Here are some key areas to consider:
- Deductibles and co-pays
- Provider networks
- Prescription drug coverage
- Mental health and substance abuse treatment
- Maternity services (theoretically)
The first thing to consider is whether your plan will cover the treatments you need. Although many plans have broad provider networks, some are limited, which can make finding specialists difficult. If you have a chronic illness that requires frequent visits with specialists, this could be a real problem.
Your prescription drug coverage is another important consideration. Many insurers offer only a basic plan that doesn’t include brand-name drugs, leaving patients with no choice but to pay full price for their medication or go without it entirely.

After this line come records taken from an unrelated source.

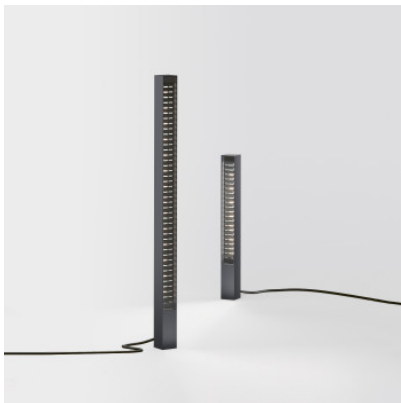

IP44.de Lin 40 Spike Connect

LED ground spike light IP44.de Lin 40 Spike made of powder-coated cast aluminum and safety glass. Ground spike made of stainless steel. Glare-free light directed downwards. Cable with Connect-plug. IP65.

anthracite	361,00 €
MPN	92094-27-AN-CO
EAN	4260710633905
Luminous flux (lm)	164
cool brown	361,00 €
MPN	92094-27-CB-CO
EAN	4260710633929
Luminous flux (lm)	164
deep black	361,00 €
MPN	92094-27-BL-CO
EAN	4260710633943
Luminous flux (lm)	164

Consider a Health Savings Account (HSA)
If you’re interested in saving money on your health care costs, then Health Savings Accounts (HSAs) are the way to go. These are government-sponsored tax-advantaged savings accounts that allow you to put money away for future medical expenses.
You can use this money for copayments and deductibles, as well as prescriptions and other out-of-pocket costs associated with doctor visits and tests.
The best part about HSAs is that they come with some fantastic tax benefits: If your employer offers an HSA as one of their employee benefits packages, they’ll contribute up to $3,500 per year into your account—or even more if you elect a higher deductible plan (that is, the one where you have to pay more out of pocket before coverage kicks in).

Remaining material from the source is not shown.